DOS HOMBRES ABSURDOS

TENGO en el hotel de continuo a mi lado —escribía César a Alzugaray— dos compañeros absurdos: el uno es un alemán de estos rojos, fornidos, de cogote cuadrado; el otro, un noruego delgado y fino. El alemán, que es comandante de no sé qué arma, es un hombre inquieto, que no comprendo qué demonios hace. Continuamente anda llevando y trayendo maletas y cajas, acompañado de un criado triste, vestido de negro, que parece que está renegando de su oficio. El comandante debe dedicarse por las mañanas a hacer gimnasia, porque desde mi cuarto, que está pared por medio del suyo, le oigo dar saltos y echar pesas al suelo, que deben ser de media tonelada cada una, a juzgar por el ruido que hacen.

Todo esto lo hace a la voz de mando, y cuando algún movimiento no le sale bien se riñe a sí mismo.

Este alemán no para un momento; abre la puerta del salón, lo atraviesa, se asoma a la ventana, toma un periódico, lo deja. Es un tipo que me pone nervioso.

El noruego, al principio parecía un hombre razonable, algo adusto. A mí me miraba foscamente; yo le contemplaba con parecida fosquedad y me lo figuraba un pensador, un ibseniano que tenía la imaginación perdida entre los hielos de su país. Alguna que otra vez le veía paseándose en el pasillo, frotándose las manos de una manera tan continua y tan frenética que sacaba un ruido de huesos.
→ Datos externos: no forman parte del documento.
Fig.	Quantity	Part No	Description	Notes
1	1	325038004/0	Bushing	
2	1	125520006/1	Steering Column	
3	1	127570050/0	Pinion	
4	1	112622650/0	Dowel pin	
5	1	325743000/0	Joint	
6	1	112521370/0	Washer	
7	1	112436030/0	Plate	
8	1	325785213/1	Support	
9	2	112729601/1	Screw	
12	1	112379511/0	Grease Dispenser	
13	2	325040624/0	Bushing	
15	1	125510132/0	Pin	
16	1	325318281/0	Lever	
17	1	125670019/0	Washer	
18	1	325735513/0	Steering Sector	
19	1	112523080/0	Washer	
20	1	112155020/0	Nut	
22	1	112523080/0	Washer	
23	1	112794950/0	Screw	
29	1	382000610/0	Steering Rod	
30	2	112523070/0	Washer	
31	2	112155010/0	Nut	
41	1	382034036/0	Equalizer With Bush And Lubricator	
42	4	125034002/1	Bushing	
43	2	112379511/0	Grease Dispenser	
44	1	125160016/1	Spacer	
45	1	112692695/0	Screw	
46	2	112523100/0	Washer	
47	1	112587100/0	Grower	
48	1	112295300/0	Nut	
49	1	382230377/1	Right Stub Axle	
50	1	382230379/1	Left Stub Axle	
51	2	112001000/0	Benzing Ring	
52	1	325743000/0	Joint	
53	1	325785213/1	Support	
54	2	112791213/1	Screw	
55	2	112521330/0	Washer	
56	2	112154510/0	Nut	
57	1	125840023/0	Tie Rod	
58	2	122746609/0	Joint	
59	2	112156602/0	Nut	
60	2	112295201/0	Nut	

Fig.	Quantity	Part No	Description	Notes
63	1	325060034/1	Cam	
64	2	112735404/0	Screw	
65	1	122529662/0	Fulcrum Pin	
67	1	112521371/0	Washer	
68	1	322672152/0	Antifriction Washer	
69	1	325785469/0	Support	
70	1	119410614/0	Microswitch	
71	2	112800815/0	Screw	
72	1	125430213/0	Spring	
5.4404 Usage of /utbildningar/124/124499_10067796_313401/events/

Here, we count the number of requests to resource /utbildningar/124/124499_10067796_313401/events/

De pronto, este señor se transforma como por arte de magia, empieza a bromear con los criados, baila agarrado a una silla, y el otro día lo vi solo dando vueltas al salón con un sombrero de papel en la cabeza, como los chicos que juegan a los soldados, y tocando una corneta, también de papel.

Le miré atónito, él se sonrió como un niño y me preguntó si me molestaba.

—No, no; nada de eso —le dije.

He preguntado en el hotel si este hombre está loco, y me han dicho que no, que es un profesor, un hombre de ciencia, a quien se conoce que le dan estos extraños arrechuchos de alegría.

Otra de las ocurrencias del noruego ha sido componer una serenata, una melodía vulgarísima que a ti te indignaría y que la ha dedicado A la bella Italia. Él mismo ha puesto la letra en italiano; pero como no sabe música, ha mandado venir a un pianista y le ha hecho escribir su serenata. Sobre todo, lo que quiere es que tenga mucho sentimiento; así que el pianista ha intercalado una serie de acotaciones con muchas pausas, que han dejado al noruego satisfecho. Casi todas las noches se canta la serenata A la bella Italia. Alguno que se quiere divertir se pone al piano, el noruego toma una actitud lánguida y entona su serenata. Unas veces va delante, otras detrás del piano, pero invariablemente cuando acaba oye el estrépito de los aplausos y saluda muy entusiasmado.

No sé si es que la gente se ríe de él, o si es él quien se ríe de la gente.

El otro día me dijo, en italiano macarrónico:

—Señor español; yo tengo buena vista, buen oído, buen olfato y… mucho sentimiento.

Yo no comprendí bien lo que me quería dar a entender y no le hice caso. Parece que el noruego se va pronto, y a medida que se acerca el día de la marcha se va poniendo fúnebre.